Path: utzoo!utgpu!news-server.csri.toronto.edu!rpi!usc!cs.utexas.edu!sun-barr!newstop!sun!exodus!terra.Eng.Sun.COM!beepy
From: beepy@terra.Eng.Sun.COM (Brian Pawlowski)
Newsgroups: comp.protocols.nfs
Subject: Re: NFS performance
Summary: expected failures, synchronous writes, do you feel lucky
Message-ID: <15277@exodus.Eng.Sun.COM>
Date: 15 Jun 91 14:38:15 GMT
References: <1991Jun13.164017.29944@Firewall.Nielsen.Com> <1991Jun13.234448.16172@Firewall.Nielsen.Com>
Sender: news@exodus.Eng.Sun.COM
Lines: 137

[I lost the original article I was responding to so am
replying to a followup]

In article <1991Jun13.234448.16172@Firewall.Nielsen.Com>, kdenning@genesis.Naitc.Com (Karl Denninger) writes:

> The MIPS systems I've used don't suffer from this problem.

Then they probably suffer from other problems:-) That they don't
have an export option indicating "safe" and "unsafe" raises a
question...
                                                
> I don't quite understand the fanatacism with which people preach the NFS
> stateless nature, O_SYNC and all that.  The fact is that a crash of a
> LOCAL Unix machine with the normal block buffering scheme can easily cause
> the loss of data -- in this case, the write(2) call returned "ok" but it
> really might not be "OK"!  This is true whether the problem is later found
> to be a bad disk sector, the machine panicing, or any one of a number of
> other causes.  Normal disk I/O on Unix machines is NOT reliable enough to
> say "if you get a good return from write(), the data is safely on disk".
 
Good analysis for local operation.

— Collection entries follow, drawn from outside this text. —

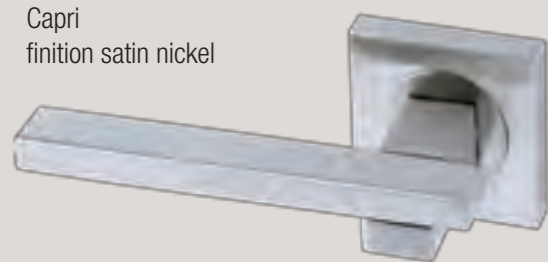

info technique page 80

Collection DESIGN

Valorisez vos portes avec les poignées de la gamme REIVILO .

Poignée de porte en Zamak / Zamack door handle.

Vérone
finition satin chrome

Monza
finition satin nickel

Livourne
finition satin nickel

Rome
finition chrome

Imola
finition chrome

Capri
finition satin nickel

Bergame
finition satin nickel

Syracuse
finition satin nickel

Pérouse
finition satin acajou

clé / key

cyindre / cylinder

clé / key

cyindre / cylinder

condamnation / toilet

condamnation / toilet

Trieste
finition satin nickel

Ancône
finition satin nickel

Florence
finition satin nickel
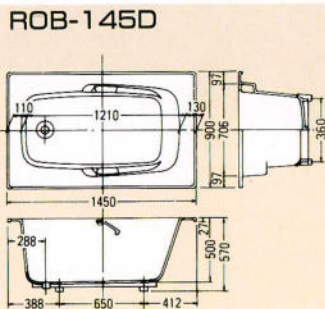

カラー: I (アイボリー) W (ワインカラー) B (ブルー)

ステンレス浴槽

デラックスバス1500% (右排水)

和洋折表埋込式2方半エプロン1200%・1100% (右排水)

※Aは1200タイプ、Bは1100タイプの寸法です。

据置式半エプロン1050・900・800% (右排水)

※Aは1050タイプ、Bは900タイプ、Cは800タイプの寸法です。

和洋折表埋込式2方半エプロン1400% (右排水)

据置式全エプロン1050・900・800% (右排水)

※Aは1050タイプ、Bは900タイプ、Cは800タイプの寸法です。

ノーエプロン1050・900% (右排水)

※Aは1050タイプ、Bは900タイプの寸法です。

※寸法図はアジャスターを装着しない場合の表示です。装着した場合は現在の高さより15%高くなります。尚1500サイズはアジャスターはセット出来ません。

パリッシュバス

ロイヤルオニックスバス

システムバスルーム **ベルバーニ**
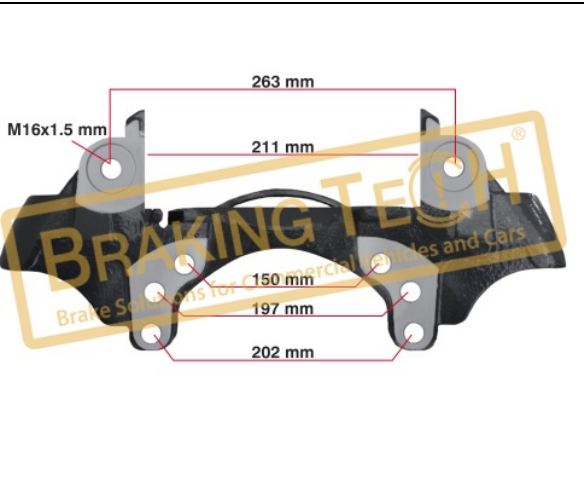

OEM No :
 3 080 0071 21, 640 195 068 0, 640 195 074 0, 3 080 0073 20

BTC0101218

Description :
 Caliper Carrier Wabco Pan22(R/H)

Application : :
 VALX Axle 22.5"

OEM No :
 6402250310, SCB1035095, 1063037

BTC0101219

I would argue (below) that
distributed operation is a little different (particularly in regards to
assumptions and expected behaviour during failures of nodes involved as
compared to assumptions made when a local component fails).
              
> If you WANT reliable I/O, you open with O_SYNC and take the performance hit.   > Why wasn't this option designed into NFS?  It could have been set up so that
> for Non-Unix clients (which expect reliable I/O and don't have a "buffer
> cache" that can be disabled on a file I/O basis) default to O_SYNC mode...
> this is easily handled by making the Unix "open()" hook set the "no sync"
> flag...
>
> Or was this a short-cut that has just never been repaired?
 
The "problem" with a distributed file system, as typified by NFS, is that
modifying operations on the server held in buffer cache could          
be lost due to a crash/failure without the client *ever* being aware
of it, if the updates are made asynchronously (some time in the future)
to the persistent store (disk) following successful acknowledgement to
the client. NFS simplifies the (likely) failure modes possible by
adding the semantic to a modifying operation (write, create, etc) that 
the operation has been applied to persistent store.

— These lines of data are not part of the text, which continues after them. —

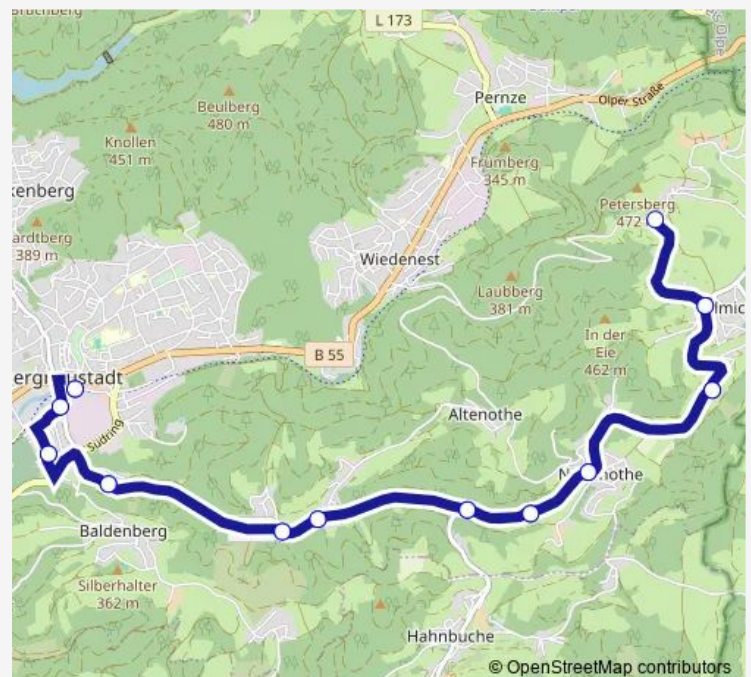

Direction

Reichshof Hahnbuche — Bergneustadt Brelöh

2 stops

[Open route schedule](#)

Reichshof Hahnbuche

Bergneustadt Brelöh

Route schedule

Reichshof Hahnbuche — Bergneustadt Brelöh

Monday	06:50
Tuesday	06:50
Wednesday	06:50
Thursday	06:50
Friday	06:50
Saturday	—
Sunday	—

Route info

Direction: Reichshof Hahnbuche

Stops: 2

Trip Duration: 0 hour 4 min

Direction

Reichshof Eckenhagen Schulzentrum — Bergneustadt Stadtwald

14 stops

[Open route schedule](#)

Reichshof Eckenhagen Schulzentrum

Reichshof Hahnbuche

Bergneustadt Geschleide

Bergneustadt Wolfschlade

Bergneustadt Neuenothe

Bergneustadt Freischlade

Sunday —

Route info

Direction: Reichshof Eckenhagen Schulzentrum

Stops: 14

Trip Duration: 0 hour 30 min

Direction

Bergneustadt Wiedenest — Bergneustadt Wiedenest

15 stops
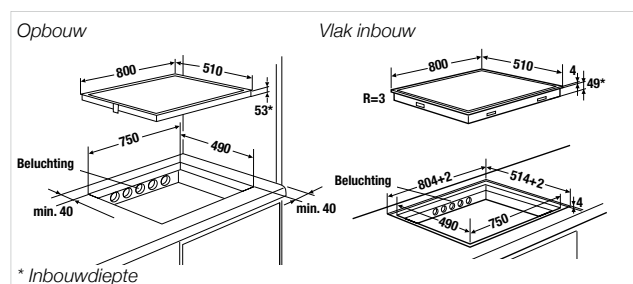

Het wordt aanbevolen pees afdichting $\pm$ 20mm onder de kookplaat te plaatsen.

[I believe several studies on the reliability of hosts on the Internet
point to non-catastrophic failures--SW failures:-)--as a primary
cause of crashes. This semantic for NFS addresses this nicely. While
having access to some number N of hosts increases availability
of data to a given node, it offers so many more opportunities
to experience an unexpected component failure (server crash) to
give you a chance to lose data. NFS reduces its "critical state" assumptions,
simplifies client-server operation, and I believe increases reliability
through the requirement for flush-to-persistent storage.]

I think that analogy to the a "local I/O" situation is flawed.
A user gets immediate notification of a "OS crash" in the
local case because his application crashes too. He has *little
expectation* that all his data is safe and will probably take
some action to investigate the situation.

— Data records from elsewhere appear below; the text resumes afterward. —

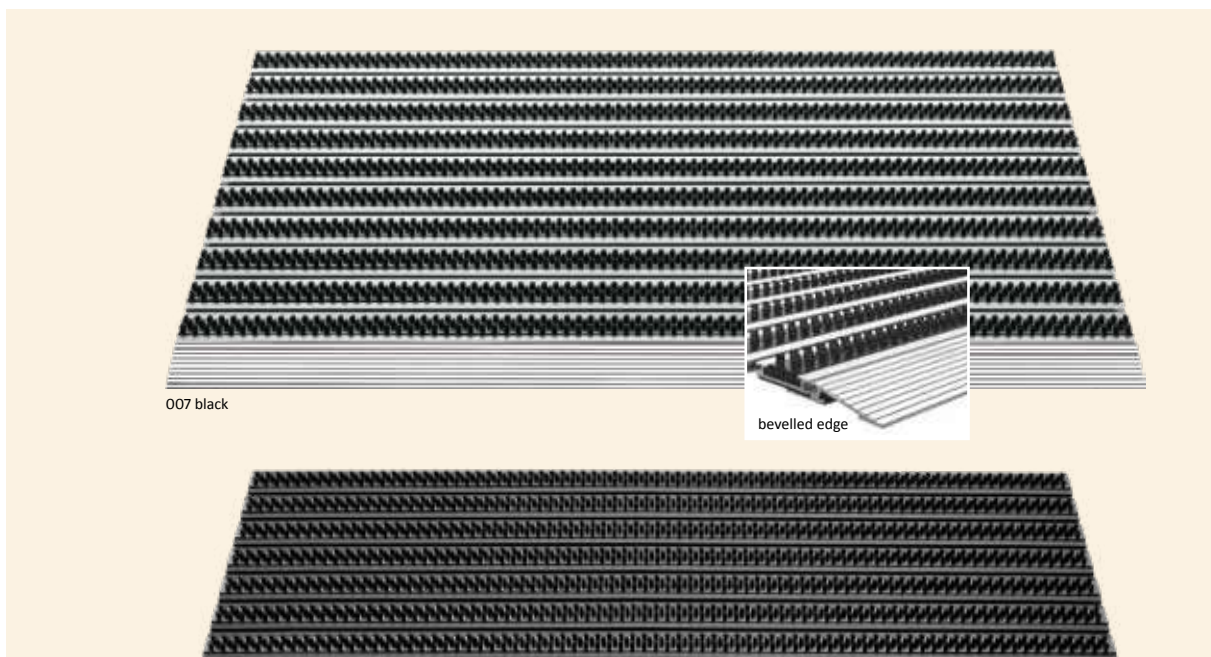

324 TOPLINE
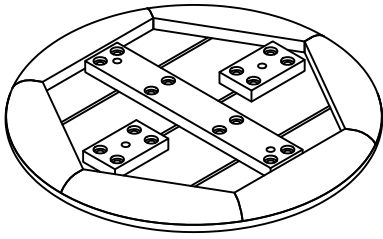

# Clara Oak Round Side Table 50

**(FR)** Notice de Montage -  
Utilisation - Entretien

**(IT)** Istruzioni per il Montaggio,  
l'Uso e la Manutenzione

**(DE)** Montage - Verwendung -  
Wartungshandbuch

**(ES)** Instrucciones de Montaje,  
Utilización y Mantenimiento

**(EN)** Assembly - Use -  
Maintenance Manual

1

JCBC Bolt M8x70

A x4

Allen key

C x2

Felt Pad

B x4
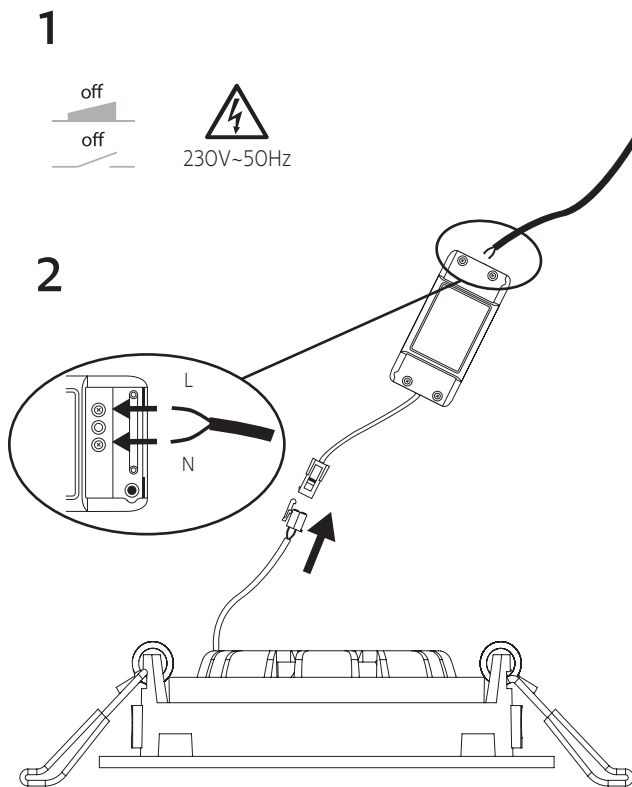

Instalace | Inštalácia | Installation | Installierung

	Model	W	Im		K	mA			
☐	PN14100054	6	420	—	3000	350	85x85x21	85g	75
☐	PN14300049	6	480	—	4000	350	85x85x21	85g	75
☐	PN14100055	18	1260	—	3000	700	115x115x33	220g	105
☐	PN14300050	18	1440	—	4000	700	115x115x33	220g	105
☒	PN14100052	6	420	—	3000	350	85x85x21	85g	75
☒	PN14300056	6	480	—	4000	350	85x85x21	85g	75
☒	PN14100053	18	1260	—	3000	700	115x115x33	220g	105
☒	PN14300048	18	1440	—	4000	700	115x115x33	220g	105
☐	PN14100068	6	420	DIM	3000	350	85x85x21	85g	75
☐	PN14300063	6	480	DIM	4000	350	85x85x21	85g	75
☐	PN14100069	18	1260	DIM	3000	700	115x115x33	220g	105
☐	PN14300064	18	1440	DIM	4000	700	115x115x33	220g	105
☒	PN14100066	6	420	DIM	3000	350	85x85x21	85g	75
☒	PN14300065	6	480	DIM	4000	350	85x85x21	85g	75
☒	PN14100067	18	1260	DIM	3000	700	115x115x33	220g	105
☒	PN14300062	18	1440	DIM	4000	700	115x115x33	220g	105

Všetchna práva vyhrazena.
Všetchny práva vyhradené.

Technical data can be changed without previous notice.
All rights reserved.
Technische Daten können sich ohne vorheriges Hinweiss verändern.

Alle Rechte vorbehalten.

In the distributed case, things get fuzzier. Assuming for a moment
that a given vendor implements buffered writes on an NFS server
to increase performance (tossing the synchronous modify semantic),
you have now introduced an interesting error class: silent data
loss. The scenario introduced is that the server can acknowledge
a final write by an application while holding several buffered
data blocks for a client queued to write to disk. The server
returns "OK", the client application is happy and exits. The server
crashes before it is able to flush data.

Blissfully unaware, the client (and user) continue working on other
files on other servers, and do return to the server in question
sometime later after it has rebooted--and lost data the user believes
was written to disk on the server.

I contend that the user expects the data to be on disk because
*he knows* his machine has been running beyond the synchronization time
of flushing data to disk from a client's perspective. To find
that the data is *lost* some time in the future without having
had an intervening client crash introduces an insidious error
and I (further) contend violates a basic transparency property
provided by NFS (of making remote files seem like local files--to
a great degree).

NFS does not provide "exact" local file system semantics for UNIX.
The original design paper describes decision made in providing
semantics and trade-offs to simplify implementation and reduce complexity
of error recovery. One could envision a production DFS which buffers
data on a server for increased performance in volatile storage.
I believe most current (research) systems which do so take a
rather cavalier attitude towards ensuring integrity of modified
data on behalf of users. I would propose that you would want
to introduce recovery mechanisms to allow a client to resubmit
lost data due to a server crash--this introduces complex recovery
scenarios to a DFS, and was left out of NFS in the original design.
[Asynchronous writes after a fashion have been proposed for
a protocol revision of NFS... Some time in the hazy future.]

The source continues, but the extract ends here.